Mason advises employers to specifically look at how inflation is impacting their low-wage workers, especially if they are struggling to cover expenses that impact their ability to be engaged at work. Employees in the retail and food service sector are especially at risk — job search engine Adzuna estimates that while waiters saw the largest salary increase from January 2021 through November 2021, with a 64% climb, their current estimated annual salary stands at $30,000, in a field with limited benefits and rare bonuses. Even before inflation, that salary is less than half what personal finance resource GoBankingRates estimated the average American needs to cover basic expenses like housing, food, recreational spending and saving contributions.

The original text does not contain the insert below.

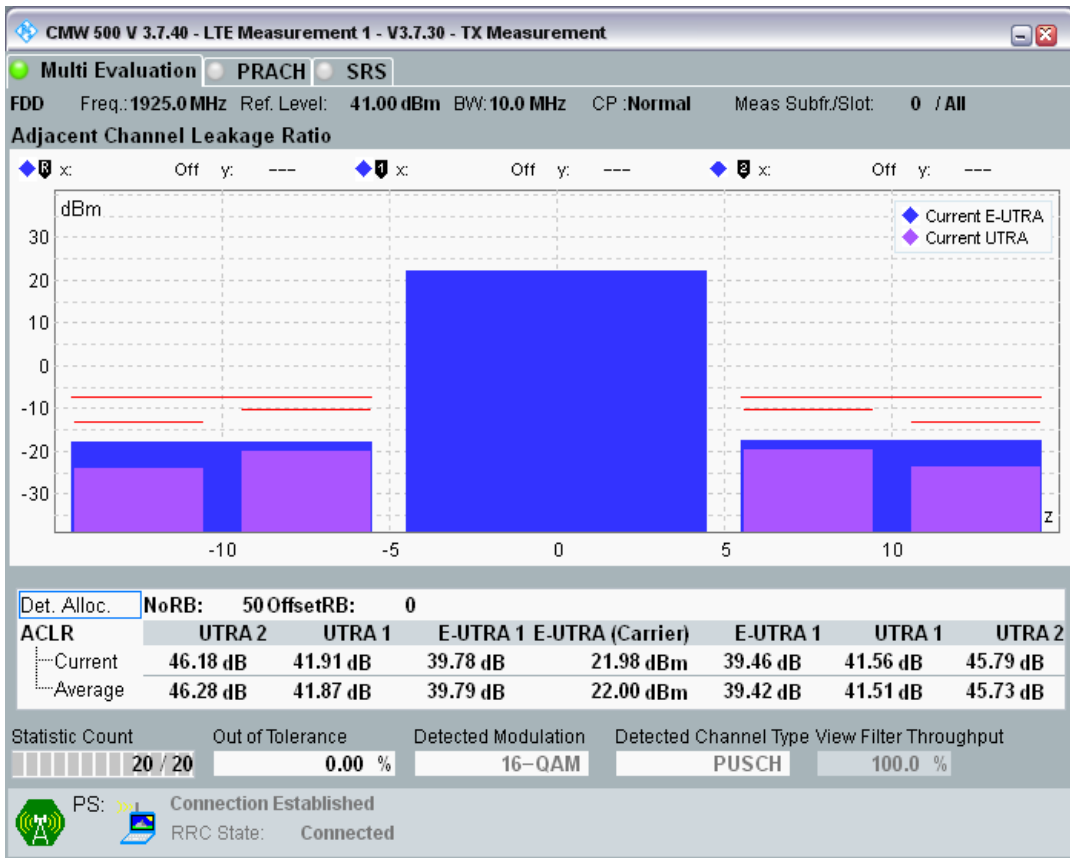

Band1 QPSK BW=10MHz Channel=18050 RB Size=50 Position=#0

Band1 QAM16 BW=10MHz Channel=18050 RB Size=12 Position=#0

Band1 QAM16 BW=10MHz Channel=18050 RB Size=12 Position=#Max

Band1 QAM16 BW=10MHz Channel=18050 RB Size=50 Position=#0

Mason also suggests that employers be transparent about how wages are determined, so employees at least under- stand that there is a logic behind their pay. Beyond salaries, Wisper and Mason encourage employers to look to their benefits and work culture.

Read more: Inflation is soaring. What does that mean for salary and raise negotiations?

“Look at the affordability of your benefits and how it’s impacting their take-home pay,” says Mason. “Look at the broader work environment to see if there are high levels of burnout and what’s driving it.”

Neither Wisper nor Mason are sure of how long this high rate of inflation will last, and the same can be said for employers. But it’s already altering the lives of millions of workers.

“There’s this question of whether this is going to be sustained high inflation or temporary,” says Mason. “But right now, employers are just trying to respond to the labor market and manage costs right.”